The United States said a cybercrime resolution sponsored by Russia is an attempt to push state cyber controls and fears it will pass the United Nations General Assembly later this month.
The UN’s Third Committee approved the Russian resolution on November 18 by a vote of 88 to 58 with 34 countries abstaining. The UN General Assembly is expected to vote on the resolution by December 24.
Belarus, a coauthor of the resolution, China, Venezuela, Nicaragua, Iran, and Indonesia were among the supporters of the bill. The United States, the European Union represented by Finland, Canada, and Japan were among those that voted against it.
The resolution — Countering The Use Of Information And Communications Technologies For Criminal Purposes — would create a new cybercrime treaty written by Russia, a country analysts have said is cracking down on Internet freedom at home to stifle opposition to the Kremlin.
“The Russians clearly are interested in pushing their vision of what the Internet should look like in the future, and that’s conflating this idea of cybercrime with cybersecurity and cyber controls,” a State Department official told media on December 19.
Russia wants “a form of lockdown on information” over the Internet and a “curtailment of those freedoms” that the United States stands for, the State Department official said.

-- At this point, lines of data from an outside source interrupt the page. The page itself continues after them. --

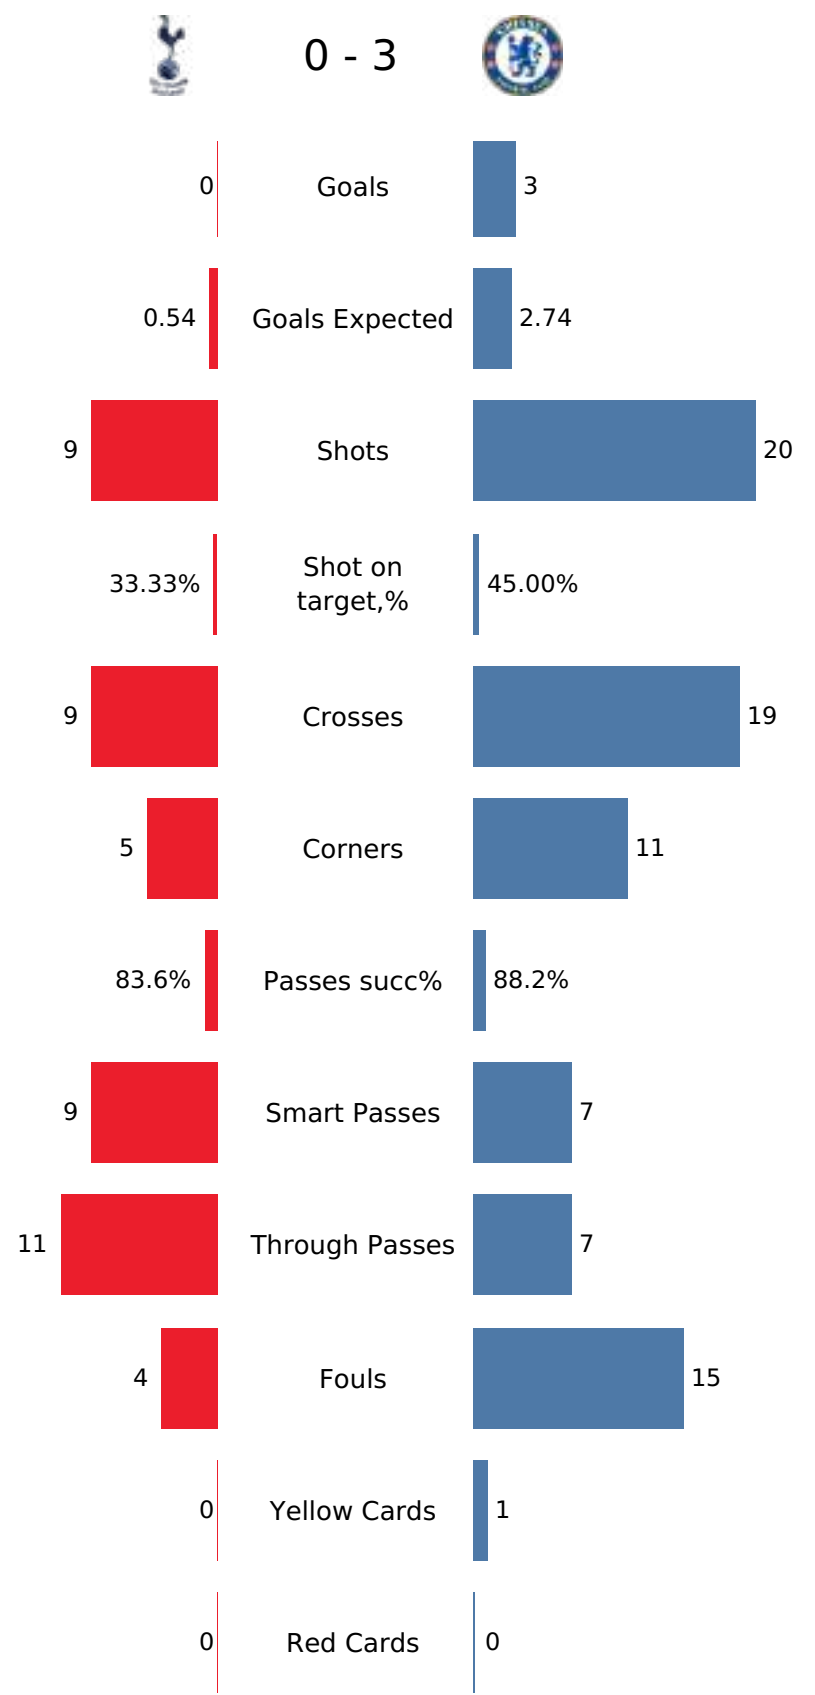

General		
Goals	0	3
XG	0.54	2.75
Shots	9	20
Shots On Target	3	10
Shots Blocked	3	7
Shots Post	0	0
Shots Wide	3	3
Inside Box Shots	3	17
Outside Box Shots	6	3
Corners	5	11
Freekicks	3	0
Offsides	0	1
Fouls	4	15
Yellow Cards	0	1
Red Cards	0	0

Attack		
Positional Attacks	23	33
Positional With Shots	5	14
Counter Attacks	0	3
Freekicks	3	0
Freekicks With Shots	1	0
Corners	5	11
Corners With Shots	1	4

Defence		
Tackles	4	3
Interceptions	54	48
Clearances	20	19
Ppda	11.7	7.3

Transition		
Recoveries	66	80
Recoveries Low	23	26
Recoveries Medium	31	39
Recoveries High	12	15
Recoveries Opponent Half	28	29
Losses	117	94
Losses Low	22	20
Losses Medium	48	35
Losses High	47	39
Losses Own Half	47	38

Duels		
Offensive Duels	74	75
Offensive duels won,%	36.5%	33.3%
Defensive Duels	75	74
Defensive duels won,%	66.7%	63.5%
Loose Ball Duels	31	31
Loose ball duels won,%	38.7%	48.4%
Aerial Duels	37	37
Aerial duels won,%	29.7%	54.1%
Challenge Intensity	6.1	6.2
Dribbles	20	28
Dribbles won,%	40.000%	71.429%

Possession		
Possession%	47%	53%
Possession Count	95	103
Reaching Opponent Half	51	68
Reaching Opponent Box	9	24
Avg Possession Duration	15s	16s
Dead Time Sec	2,650s	2,650s

Possession,%		
Possession (1-15min)	48%	52%
Possession (16-30min)	47%	53%
Possession (31-45min)	60%	40%
Possession (46-60min)	37%	63%
Possession (61-75min)	57%	43%
Possession (76-90min)	36%	64%

Passes		
Passes	450	532
Acc passes,%	83.6%	88.2%
Forward Passes	149	166
Acc Forward passes,%	69.1%	80.7%
Back Passes	73	76
Acc Back passes,%	94.5%	94.7%
Vertical Passes	155	195
Acc Vertical passes,%	93.5%	93.8%
Progressive Passes	70	83
Acc Progressive passes,%	70.0%	74.7%
Long Passes	41	55
Acc Long passes,%	58.5%	69.1%
Into Final Third Passes	42	53
Acc Passes into F3%	69.0%	86.8%
Into Penalty Area Passes	11	21
Acc Passes into PA,%	36.4%	66.7%
Smart Passes	9	7
Acc Smart passes,%	22.2%	57.1%
Key Passes	1	11
Through Passes	11	7
Acc Through passes,%	9.1%	71.4%
Crosses	9	19
Acc Crosses,%	33.3%	36.8%
Crosses Low	2	6
Crosses High	5	8
Crosses Blocked	2	5
Match Tempo	18	19.7
Passes Length Avg	18.2	18.3

Match Overview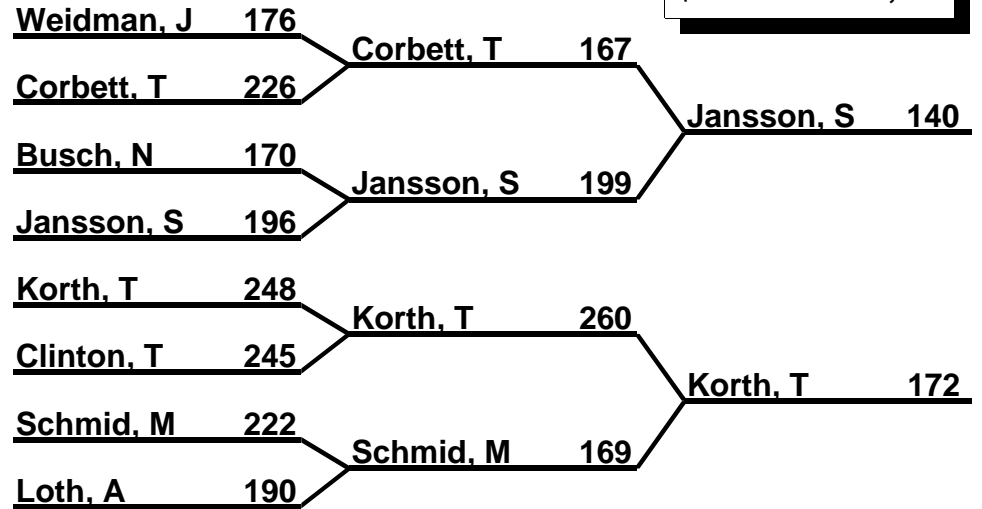

Bracket: 13

\$25 - Korth, T
\$10 - Hanson, K

Bracket: 14

\$25 - Hopkins, L
\$10 - Schacht, D

Bracket: 15

\$25 - White, G
\$10 - Thompson, R

Bracket: 16

\$25 - Clinton, T
\$10 - Jansson, S

Midwest Senior Classic

Brackets 1-2-3 (Regular)

Bracket: 17

\$25 - Nourie, J
\$10 - Korth, T

Bracket: 19

\$25 - Korth, T
\$10 - Jansson, S

Bracket: 18

\$25 - Freeman, S
\$10 - Weidman, J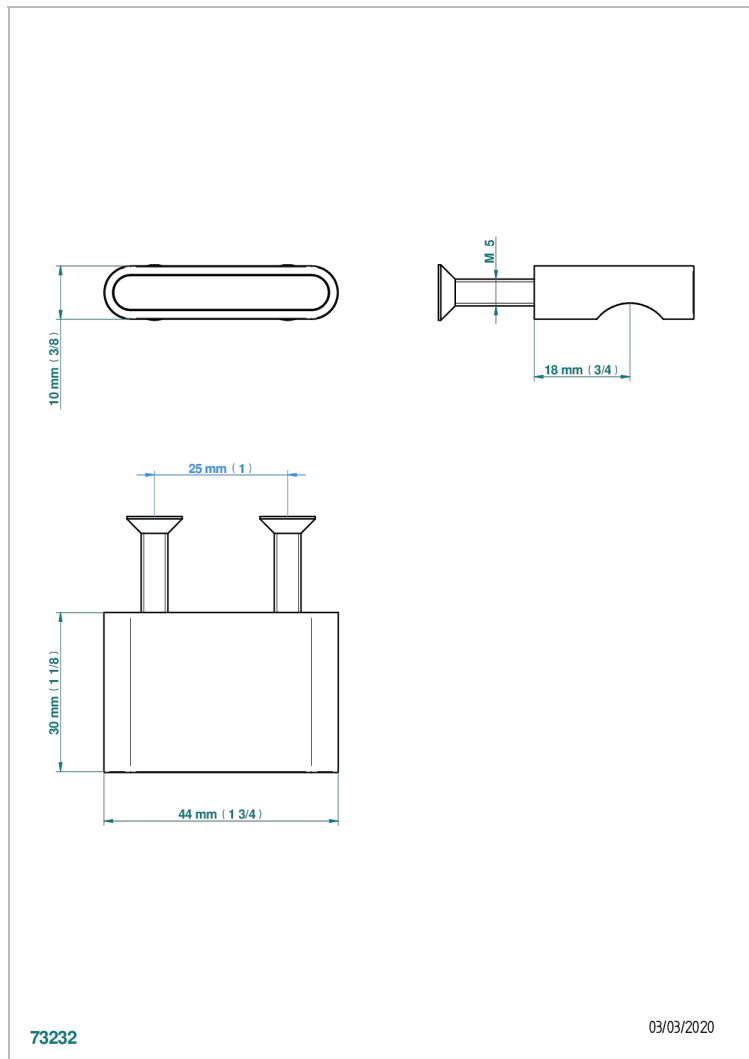

# ICON-X METAL INLAYS WITH LEVER HANDLES

U7K-26BT

Small size knob

## CHARACTERISTIC

- Icon-x metal inlays with lever handles
- Small size knob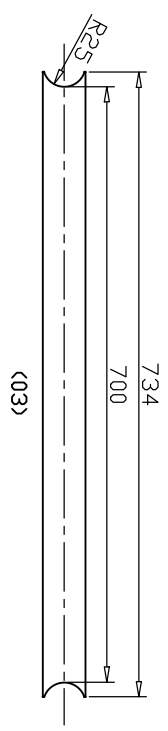

# U-FRAME 70 STAGE BLACK

UFRAME70-B

fitting	DMS-01-1	Steel	ZP	4
	DMS-01-4	S45C	ZP	4
	DMS-01-3	#2011	T6	2
05	PJ-BQP117	#6061	T6	2
04	Ø20*2.0t*203.8mm	#6082	T6	2
03	Ø50*3.0t*734mm	#6082	T6	1
02	Ø50*3.0t*952mm	#6082	T6	2
01	DMS-01-2CR	#6082	T6	4
NO.	SPEC.	MATERIAL	FIN.	QTY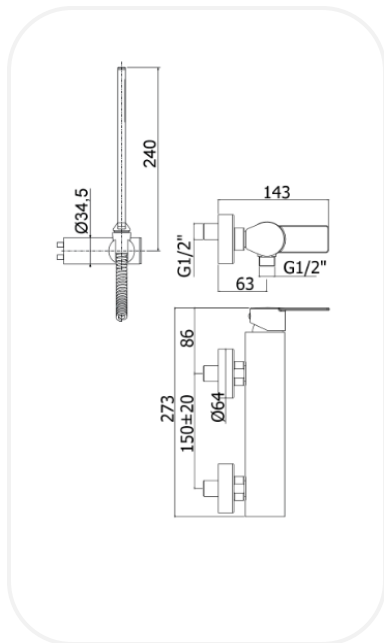

Faucets

TAHNF00276

Shower Mixer

FEATURES

- Elegant design
- Single lever shower mixer with hand shower
- Original cartridge for smooth control
- High corrosion resistance plating

SPECIFICATIONS

Series	AURA
Finish	Chrome
Material	Brass
Flow Rate	8 l/min
Mounting Type	Wall Mounted

PARTS DESCRIPTION

Single Lever Shower Mixer	TAHNF00276
Hand Shower	Included
Flexible Connection Hose	Included

WARRANTY: 5 years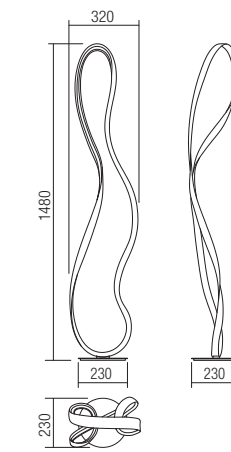

Led type	SMD LED 402 pcs x 0.09W
Power	35W
Input	220-240V, 50/60Hz
Color temperature	3000K
Lumen source	3815 lm
Lumen system	2256 lm
CRI	85
Dimmable	☐

CE ☐ IP20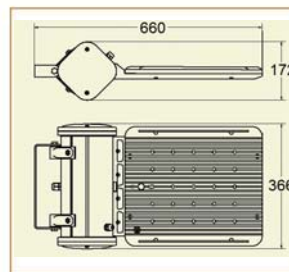

### Basic Data

Material	Die Cast Aluminum
Finishing	Electrostatic Painting
Optics	Lens
Weight	9.6 kg
IP	66
IK	08
Suspension	Surface Mounted
Additional Data	

### Specifications

Art No.	WAT	CCT	CRI	LED	Angle TL	Ø
72600-PL-	75	3000	75	24	28	7084
72602-PL-	75	5000	75	24	28	7521

### Dimensions

The UN General Assembly vote comes less than two months after Russia’s so-called “sovereign Internet” law came into force. The controversial law requires providers to install equipment that could route Russian web traffic through points that are controlled by the state. Critics say “sovereign Internet law” legislation is an attempt to increase censorship.
Pass The UNGA
Washington fears the UN General Assembly will pass the bill because many countries don’t understand the complexities, the official said. Russia has also been lobbying countries for years about the issue.
“On its surface, certainly a cybercrime treaty sounds like a good idea. Who wouldn’t want it? The problem is in trying to explain to those countries not as familiar with this issue set that there are mechanisms already existent and that what the Russians are really driving at is a problematic issue,” the official said.
During the November 18 vote at the United Nations, Russia argued the resolution is necessary because there is a lack of instruments to tackle cybercrime, which it called a national security priority.
The U.S. representative said at the time that Russia’s draft lacked a “reasoned basis” because it had not been based on any report or study. Other anti-crime resolutions are founded on years of preparations by experts while the Russian resolution skipped that process.
Finland’s representative called Russia’s cybersecurity resolution “premature” and reiterated that no preparatory work had been done in the General Assembly while Canada’s representative said the international community already has a tool to deal with the problem in the Budapest Convention on Cybercrime.
The representative for Iran — which recently shut down its Internet for several days amid sometimes-violent protests following a government decision to hike gasoline prices — called the resolution a timely step.